Namsel OCR

An OCR application focused on machine-print Tibetan text

Tested only on Ubuntu 14.04 and higher.

An overview of the Namsel project can be found in our article in the journal Himalayan Linguistics.

Check out our library partner for already OCR'd digital text: http://tbrc.org.

Install:

$ bash ubuntu_install.sh

This will install required packages, build the cython modules, unpack datasets, and initiate training for the classifiers. Note that training (classify.py) takes up to an hour or more to complete.

Quickstart

To start, run preprocessing on folder of images:

$ ./namsel.py preprocess ~/myfolder

This will save new, preprocessed image in ~/myfolder/out. Preprocessing will take a few minutes depending on how many CPUs you have available and how many images are in the folder.

Next, run OCR. If pages are "book" (rather than "pecha") - style pages, do the following:

$ ./namsel.py recognize-volume --page_type=book --format=text ~/myfolder/out

To OCR a single page, use the recognize-page command and specify a single page file:

$ ./namsel.py recognize-page --page_type=book --format=text ~/myfolder/out/image-01.tif

OCR will run and save the results in a file called ocr_output.txt.

Preprocessing

Prior to using Namsel, documents in the form of PDFs or images need to be preprocessed. Preprocessing typically involves cleaning up images and putting them in a format Namsel expects.

Scanning documents

If you are scanning the documents to be OCR'd yourself, here are some tips for improving chances of getting high quality OCR results:

Preparing images from PDFs

If your original document is in PDF format, you will need to convert the individual PDF pages to black and white or grayscale jpg, tif, or png images. Black and white tif images are Namsel's preferred format.

There are a variety of tools for converting a PDF to images. The "gs" command from the Ghostscript project is one.

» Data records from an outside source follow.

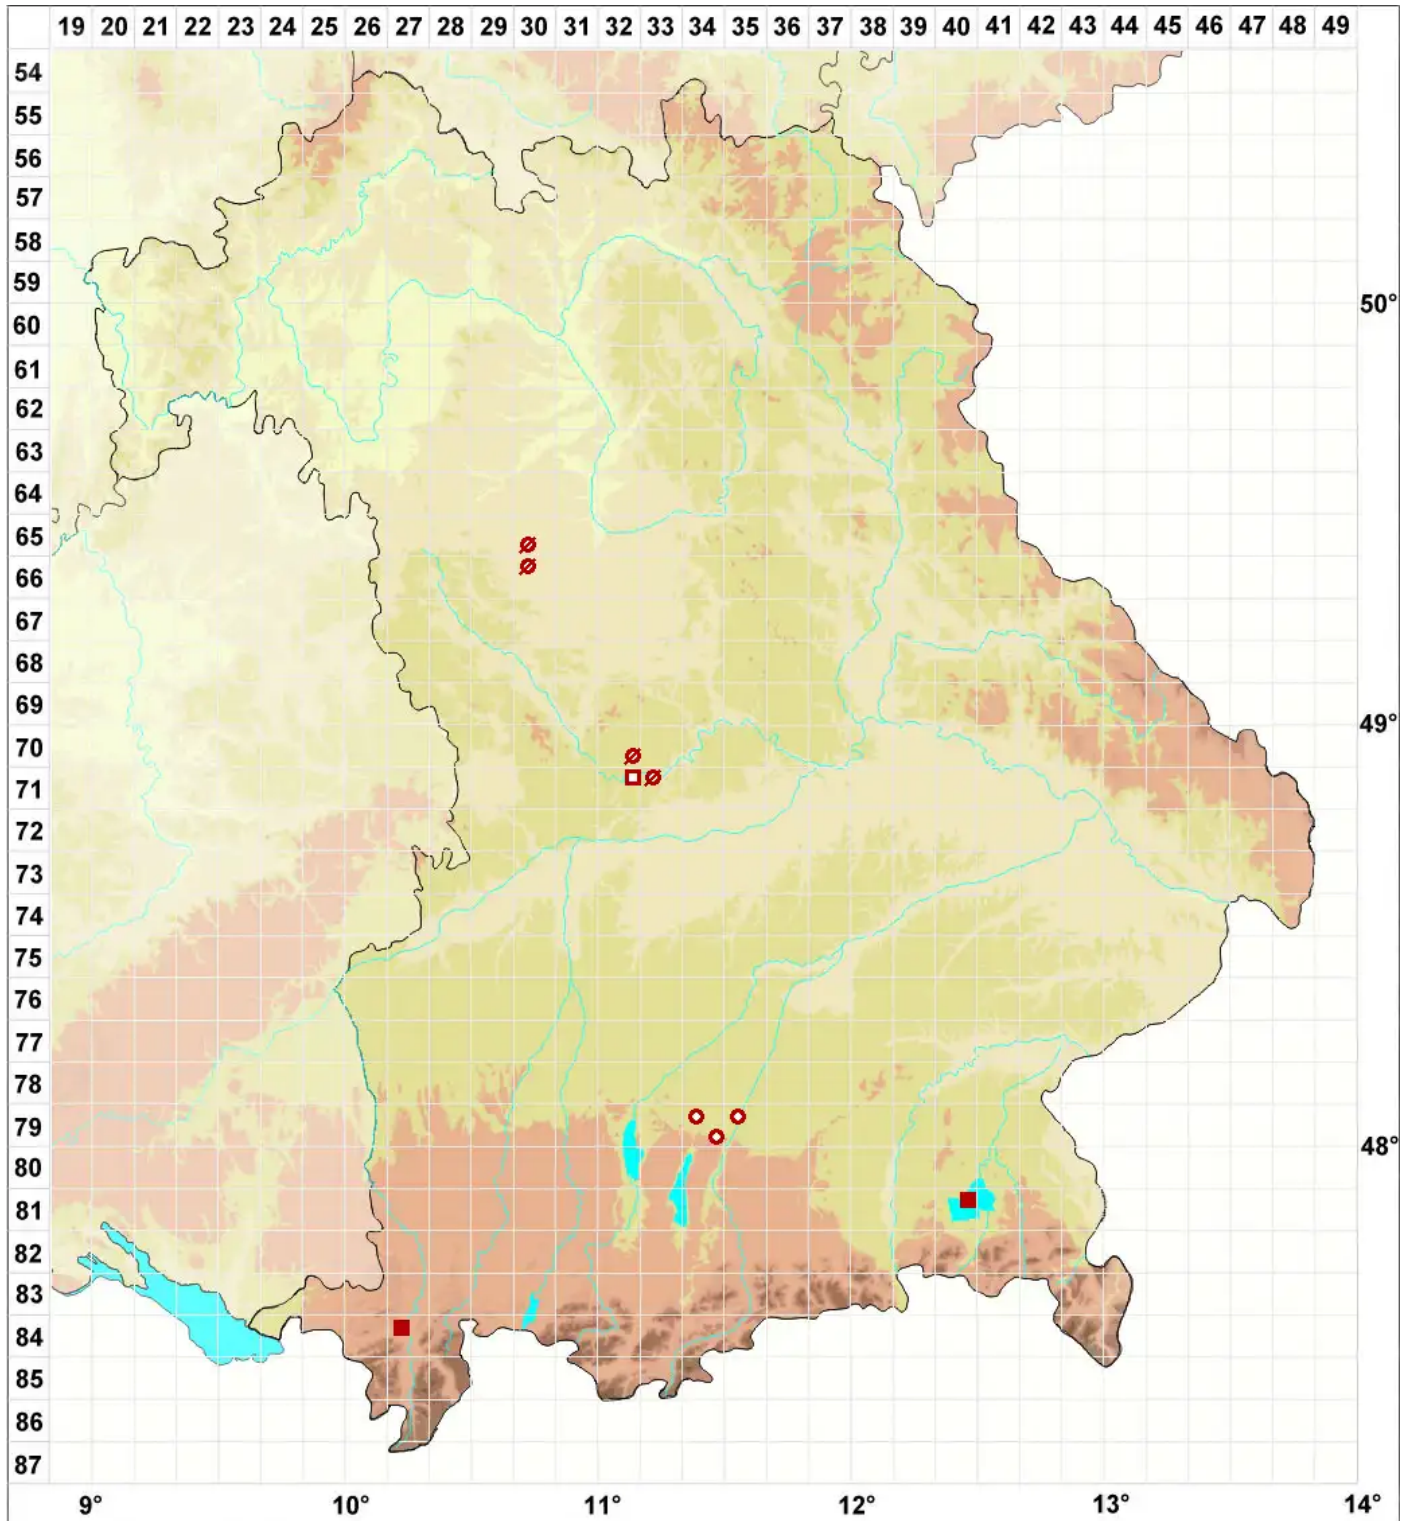

Naetrocymbe rhypona (Ach.) R. C. Harris

Rissige Streukernflechte

Legende:

Symbole:

Ausgefülltes Symbol:
Zeitraum von 1980 bis heute (Aktuelle Angabe)

Leeres Symbol:
Zeitraum vor 1980 (Altangabe)

Quadrat: Herbarbeleg

You can invoke gs itself like so:

$ gs -r600x600 -sDEVICE=tiffg4 -sOutputFile=ocr_%04d.tif -dBATCH -dNOPAUSE mytibetanfile.pdf

This will convert all the pages in the pdf to tiff using the "Group 4" compression, which is the most compact form of TIFF compression for black and white images. If your pdf is in grayscale, replace "tiffg4" with "tiffgray." Images will be unpacked at the location where the bash script or gs is run unless you specify otherwise.

Preparing images using scantailor

Scantailor is an open source project for cleaning up scanned documents and preparing them for OCR. Essentially, it performs 5 core operations:

Optionally, it has tools for page dewarping and manual erasing of image content. While not the only tool for image preprocessing, it typically delivers very good results and is easy to use. (A popular alternative is a project called unpaper).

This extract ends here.